Saturday, June 20, 2015

Mega-Fines and Consumers

  I'm back!

  I know, I've been away for a bit.  Long story.  Ain't over yet.  Doesn't improve with retelling.  But, I've been up to my fat arse in alligators, and every damned one of them has wanted a bite.  Ugh.  Ain't much of my sit-upon left...

  Anyhow.  On to why I'm here...

  Howcumzit that, whenever some company does something wrong, the government fines the company for the wrongdoing?  The problem with those fines (case in point - the recent FCC fine of $100M against AT&T over their "unlimited" data plan and low data speeds) is that:
  1) The people who made the decisions aren't personally hit with anything
  2) The fines are "passed through" to the consumers, in the form of rate or price increases.

  Every time I hear about some mega-fine against some company, I groan inside.  Every time I hear someone cheering about it, I don't keep it in.  Then, I end up having to explain why I'm groaning about it.  The usual answer I get?  "Damn.  I never thought of it that way..."
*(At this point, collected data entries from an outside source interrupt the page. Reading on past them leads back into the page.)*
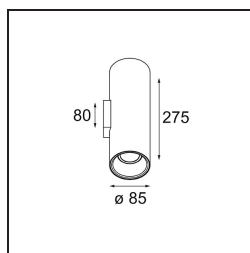

Date
Customer
Project
Type

Lotis Tube Wall Up/Down 85 2x GU10 Black Structure - Gold Anodised

Specifications

Material	10883732
Tipo de fuente de luz	GU10
Vida Util	40.000 horas
Lámpara Incluida	No
Número de fuentes de luz	2
Dirección de la luz	Indirecto / Directo
Óptica	Colimador
Voltaje de entrada	230V
Clasificación eléctrica	I
Clasificación del IP	20
Clasificación de hilo incandescente (°C)	960
Interio/Exterior	Interior
Aplicación	Pared
Montaje	Superficie
Ajustabilidad	Not Applicable
Distancia al objeto iluminado (m)	0,5
Color principal & Acabado principal	Negro, Estructura
Color secundario & Acabado secundario	Oro, Anodizado
Peso bruto (g)	920,0
Remark	• Lámpara GU10 no incluida

Lotis Tubed es un cilindro versátil y muy divertido. Puede elegir el color del foco y combinarlo con un cilindro en negro o en blanco. Decídase por el contraste entre blanco, negro y dorado, o elija una apariencia más uniforme. Hay disponibles versiones para montaje en superficie, en pared o suspendido.
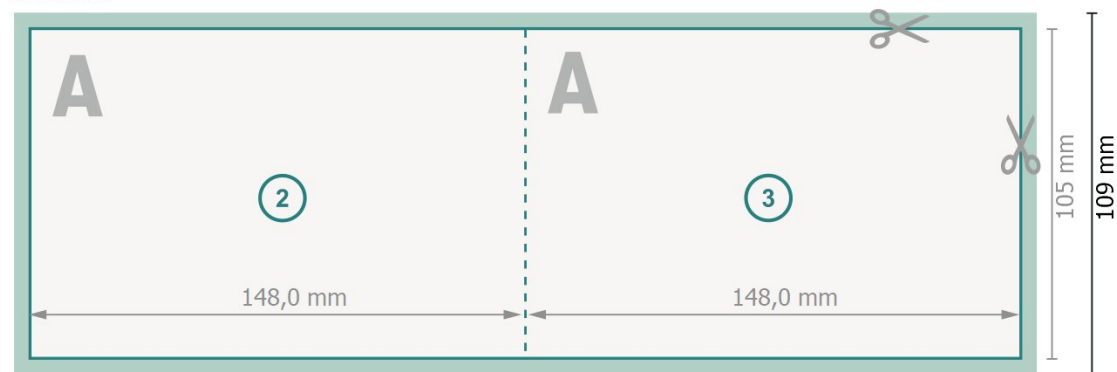

Foldekort med partiel UV-lak, liggende format, A6

1 fals

Yderside

Inderside

Dataformat (inkl. 2 mm tryk til kant):

30 x 10,9 cm

beskæring:

2 mm

Beskåret størrelse:

29,6 x 10,5 cm

Beskåret størrelse (lukket):

14,8 x 10,5 cm

Sikkerhedsmargen:

Med et mellemrum på 4 mm mellem teksten/oplysningerne og kanten af det beskårne format forhindres u hensigtsmæssig beskæring.

Forklaring af symboler

 Beskæring

 Læseretning

 Beskåret størrelse

 Dataformat

 Her skærer/stanser vi dit produkt

 Bukkelinje/Fals

Bemærk:
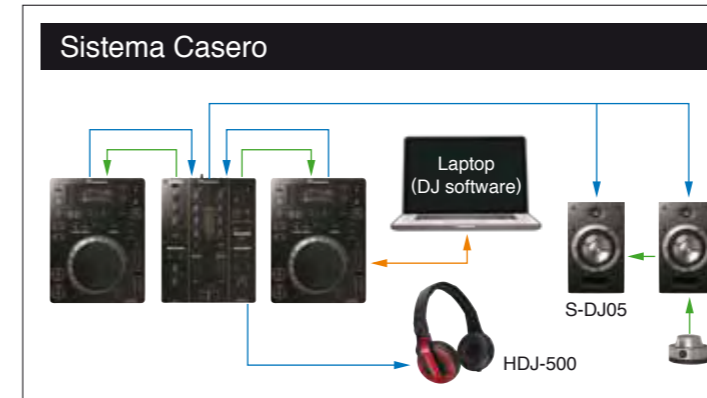

DJ HEADPHONE CABLE

Cable para los HDJ-2000

HDJ-CA01

Un cable de 1.2 m enrollado (Extension maxima: 3 m aproximadamente)

* Adaptador ø6.3 mm plug stereo no incluido

EAR PAD

Almohadillas para los HDJ-2000

HDJ-EPO1

Un par

Los HDJ-500 incluyen: un cable recto de (1.2 m)/cable recto de un solo lado (1.0 m)/ø6.3 mm adaptador plug stereo (bañado en oro)/tipo enrollable/garantía

COMBINACIÓN

LAN signal → Audio signal → Control signal → USB signal → Video signal → Video synch signal →
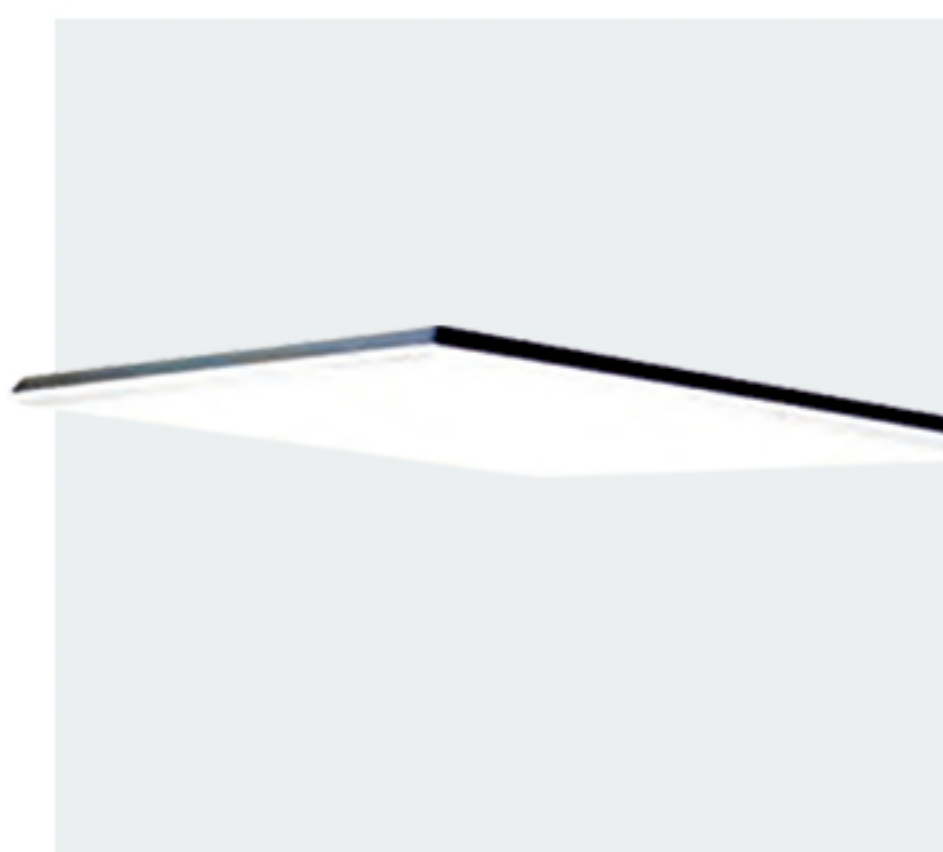

P.F.

≥ 0,60

CODIGOS Y TONALIDADES

COD 6603 - 3000°K

COD 6604 - 4500°K

COD 6606 - 6000°K

DESCRIPCIÓN DEL PRODUCTO

El **PANEL LED 60x60x3cm** es fabricado en un elegante, marco de aluminio lacado en blanco. Con un arranque inmediato, sin ruidos y sin parpadeos. Su nuevo diseño con 3 cm. de profundidad, permiten colocar todos los chips en la parte superior del panel. La carcasa exterior no se daña; sin rayos infrarrojos; fácil de instalar; sin plomo o mercurio; favorable para el medio ambiente.

VENTAJAS DEL PRODUCTO

El **PANEL LED 60x60x3cm**, consumen un 55% menos, no requieren ningún tipo de mantenimiento, con lo que evitamos sustituciones de cebadores o reactancias. Lo que hace que el panel sea mucho más ligero y manejable. Gracias a su distribución de los chips en la parte superior del panel se obtiene una iluminación mas homogénea, para evitar los problemas de sombras o manchas en el mismo.

ÁREAS DE APLICACIÓN

Este **PANEL LED 60x60x3cm** es la elección ideal para todo tipo de espacios como oficinas, centros comerciales, almacenes, restaurantes, supermercados, museos, etc., así como en viviendas y residencias.

PANEL LED - 48W

60X60X3cm

ESTRUCTURA

ESPECIFICACIONES TÉCNICAS

Lúmenes	4.200Lm
On/Off	30.000
Material	Alum/PVC
ángulo	120°
Voltaje	AC165-265v
Vida Útil	30.000Hr
C.R.I	>80
P.F	>0,60
IP	44
Regulable	NO

El PANEL LED 60x60x3cm cuenta con una línea muy cuidada, ofreciendo un acabado y diseño excepcional. Con una Potencia de: 48W obtendremos una iluminación de calidad con un consumo mínimo gracias a su vida útil de 30.000 Horas. Su fuente lumínica ofrece un flujo luminoso de 4200 lm proporcionando una iluminación constante e instantánea.

  (No shit.  Most people wouldn't.  Gotta step back and look at a bigger picture...)

  Same with class-action suits.  Except we can add to the list:
  3) The only people who really "win" anything are the attorneys.  Big payday for them!  Niggardly payout for the members of the class.

  Pfizer has to pay out $150M for some pharma class action judgement?  1/3 of that is raw attorneys' fees ($50M,) a good chunk of that gets eaten up in administration ($20M or so,) and the rest filters down to the class (2-5M members,) postage out, and it's probably not a cash payout to the class anyhow.  Lawyers make bank, people get boned.

  I propose something different...

  FINES: If a "company" is to be fined due to executive decisions, then the company itself is not to be fined.  Rather, the executives responsible for the decision(s) are to be fined personally.  This means the B-, C-, E-, V-, and D- level execs are the ones on the hook for fines, they've got to cough up, and cough up HARD.  Company's consumer prices are to be fixed at present level by law, and allowed nominal increases for the following five years or so, with any increase above the amount allowed by the judgement requiring detailed technological justification (id est, a major technical upgrade became necessary, or a natural disaster made replacing a data centre necessary, or something like that.  Such justification to be filed with the governing body and posted in detail to be available for the consumers [and sent out in summary with the last bill prior to the increase.]

  To be honest, I'd rather see the Execs and/or the Board held personally liable to the tune of $100M than the company held liable for $100M - the company doesn't "make decisions," that's why it has Directors and various executives.  So, hold them up!